By changing the materials it uses,
the construction industry can cut waste and emissions and reimagine how our buildings interact with nature, writes Alison Boleyn.

COVID-19 may have hitched some temporary tarps over the numbers but the International Energy Agency says buildings and the construction industry contribute nearly 39 per cent of the world’s carbon emissions. Manufacturing cement alone accounts for 7 per cent of them. Add sand and the environmental and geopolitical impacts are even more devastating; sand, despite appearances, is a finite resource. So the construction industry is rethinking the building materials it uses.
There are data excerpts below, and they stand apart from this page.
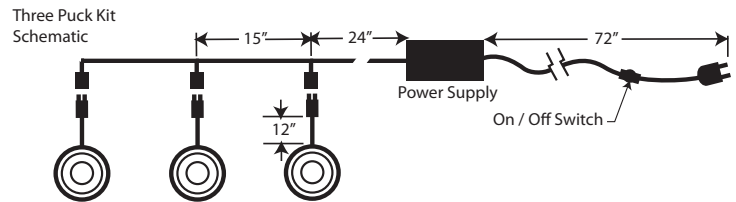

GM Lighting

LED ACCENT / TASK PUCK LIGHTING RECESS OR SURFACE MOUNT INDIVIDUAL PUCK OR THREE PUCK KIT WITH SWITCHED CORD AND PLUG

Project: _____

Type: _____

Location: _____

Contact Phone: _____

PRODUCT DESCRIPTION

A surface or recess mount 1W High Power 3500K warm white LED puck that is available in white, black, bronze or brushed nickel. Unique optic eye lens delivers even light distribution. Non-dimmable. Available as a single puck or in a 3-puck kit that includes switched cord and plug with inline power supply.

PRODUCT SPECIFICATIONS

Construction:

All metal construction with glass lens.

Electrical:

LED is 1W. 50,000 hour LED life.
LPCC-6 LED Puck Power Supply meets constant current 350mA requirements.

Color Temperature:

3500K warm white (WW).
Kelvin Temperature (color) ± 200.

Power Supplies:

3 puck kit comes with in-line power supply with switched cord and plug. Use single puck(s) with GM Lighting LPCC-6 LED Puck Power Supply which can power from 2 to 5-1W pucks. See chart below.

Dimming:

Product cannot be dimmed.

Mounting:

Puck can be surface or recessed mounted. Complete mounting hardware and instructions are included. Hardwire or plug-in utilizing 3-puck kit power supply and switched cord and plug.

Label: UL listed. American Lighting Association.

LED ACCENT / TASK INDIVIDUAL PUCK POWER SUPPLY FOR 2 TO 5 PUCKS IN SERIES

Cat. No.	Description
LPCC-6	LED Puck Power Supply 3-1/16"L x 1-1/4"W x 5/8"H

Cat. No.	Color	Total LED's	LED Wattage	Finish	LED Life
LP-1-W	3500K Warm White	1 High Power	1W	White	50,000 hrs.
LP-1-B	3500K Warm White	1 High Power	1W	Black	50,000 hrs.
LP-1-BZ	3500K Warm White	1 High Power	1W	Bronze	50,000 hrs.
LP-1-BNK	3500K Warm White	1 High Power	1W	Brushed Nickel	50,000 hrs.
LTPK-3-W	3500K Warm White	3x1 High Power	3W	White	50,000 hrs.
LTPK-3-B	3500K Warm White	3x1 High Power	3W	Black	50,000 hrs.
LTPK-3-BZ	3500K Warm White	3x1 High Power	3W	Bronze	50,000 hrs.
LTPK-3-BNK	3500K Warm White	3x1 High Power	3W	Brushed Nickel	50,000 hrs.

GM Lighting

www.gmlighting.net

Telephone: (708) 671-0811 Toll-Free: (866) 671-0811 FAX: (708) 448-8545

e-mail: sales@gmlighting.net • Specifications subject to change without notice. 032210_ledpuck
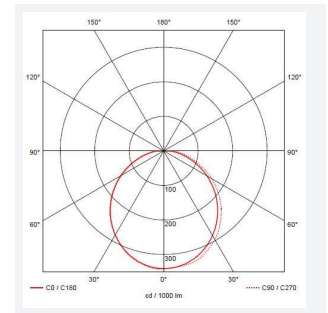

# Nappa

Nappa CCT Multi Wattage Emergency Black  
Code: ANAPLED/B/M3

Category	Bulkheads
Application	Ancillary, Commercial, Education, Healthcare, Hospitality, Industrial, Outdoor, Retail
Specification	Performance

GENERAL INFORMATION	
Wattage	18W - 27W
Lumens Delivered	2500lm - 3500lm (4000K)
Lm/W	134lm/W - 127lm/W(4000K)
Beam Angle	110
CRI	80
CCT	3000/4000K
Input	220-240V
Operating Temp	0°C - 40°C
SDCM	5
Product Weight without Packaging	2.186 kg

TECHNICAL INFORMATION	
Light Source	LED
Colour / Finish	Black
IP Rating	IP66
Class Protection	1
Internal / External	External
Surface / Recessed / Suspended	Ceiling, Wall
Lumen Depreciation	L70 60,000h
Warranty (Years)	5
CE Mark	Yes
Diameter	298 mm
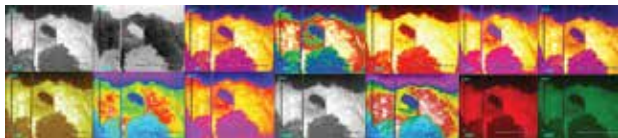

NOTE: The T5 Thermal has a recording time limit of one hour per video. After the hour is complete, the file is saved and a new recording starts immediately without any additional commands from the user.

StalkerRadar.com

STALKER®

Power to Enforce.

applied concepts, inc.
2609 Technology Drive ■ Plano, Texas 75074
972.398.3780 ■ Fax 972.398.3781

011-0175-00 Rev A

800-STALKER
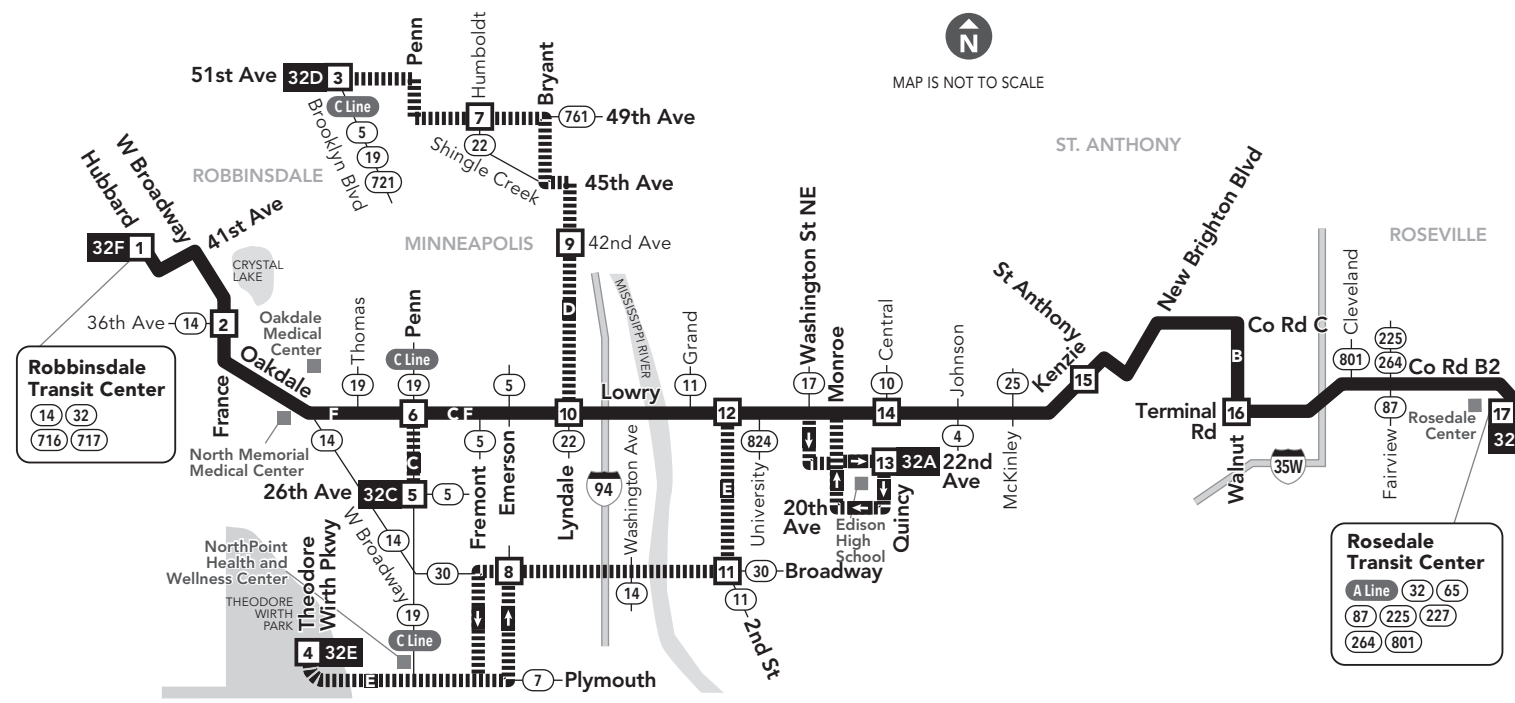

Effective 9/12/2020

LOCAL BUS ROUTE

MAJOR DESTINATIONS:

- Robbinsdale**
 - Robbinsdale Transit Center
 - North Memorial Medical Center
- Minneapolis**
 - Lowry Ave
 - Penn Ave
 - 49th Ave
 - Lyndale Ave
 - Edison High School
- St Anthony**
 - St Anthony Shopping Center
- Roseville**
 - Rosedale Center

3 Timepoint on schedule
Find the timepoint nearest your stop, and use that column of the schedule. Your stop may be between timepoints.

Regular Route
Bus will pick up or drop off customers at any bus stop along this route

Limited Service
Only certain trips take this route.

22B Route Ending Point
Trips with the indicated number/letter end at this point. Number/letter is found in schedules and on bus destination signs.

B Route Letter
Indicates which trips travel on this section of the route. Letter is found in schedules and on bus destination signs.

22 METRO Connecting Routes & Metro Lines
See those route schedules for details.

Go-To Card Retail Locations

A refillable Go-To Card is the most convenient way to travel by transit! Buy a Go-To Card or add value to an existing card at one of these locations or online.

One of the most radical trends is a field still in its infancy: living building materials. These are bioengineered construction materials that can grow, self-heal, generate energy and even replicate themselves.

Scientists from the University of Colorado, funded by a branch of the United States Department of Defense, have developed a literally green product in “living concrete” – cubes, arches and shoebox-sized bricks made from photosynthetic bacteria and gelatine that start out a queasy olive before settling into a friendlier shade. There’s still work to do – the bacteria is sensitive to contamination and dies in dry conditions – but cut the “parent” in half and these can double themselves for three generations.

Mogu, an Italian design company that’s become a centre of experimentation in sustainable building materials, has developed exquisite commercial tiles, flooring and acoustic panels by mixing mycelium – the vegetal part of mushrooms – with agro-industrial waste then leaving it to grow. Mogu is also an industrial partner in what’s probably the world’s most ambitious plan for the humble ’shroom. The FUNGAR project, launched by the European Commission, connects computer scientists, biophysicists, architects and mycologists in the United Kingdom, Denmark and the Netherlands to collaborate on smart buildings with fungi within their framework. Forests are interlaced with natural mycelium networks that process and exchange information between plants and trees. Mushrooms, which can carry electrical signals and data, act as a sensor in the buildings, detecting changes in light, pollutants and temperature before exchanging that data with a computer.

The US company Biomason, which business information platform Crunchbase calculates has raised US$94.8 million in funding, grows biocement bricks using a wild, non-pathogenic strain of a natural bacteria rather than non-renewable materials. While traditional cement-making burns limestone in furnaces, Biomason’s process absorbs instead of emitting CO2 and Biolith blocks take three days to “grow” in contrast to cement’s customary month. Biomason’s founder and CEO, Ginger Krieg Dosier, plans to remove 25 per cent of concrete emissions by 2030. “We have no intention of slowing down.”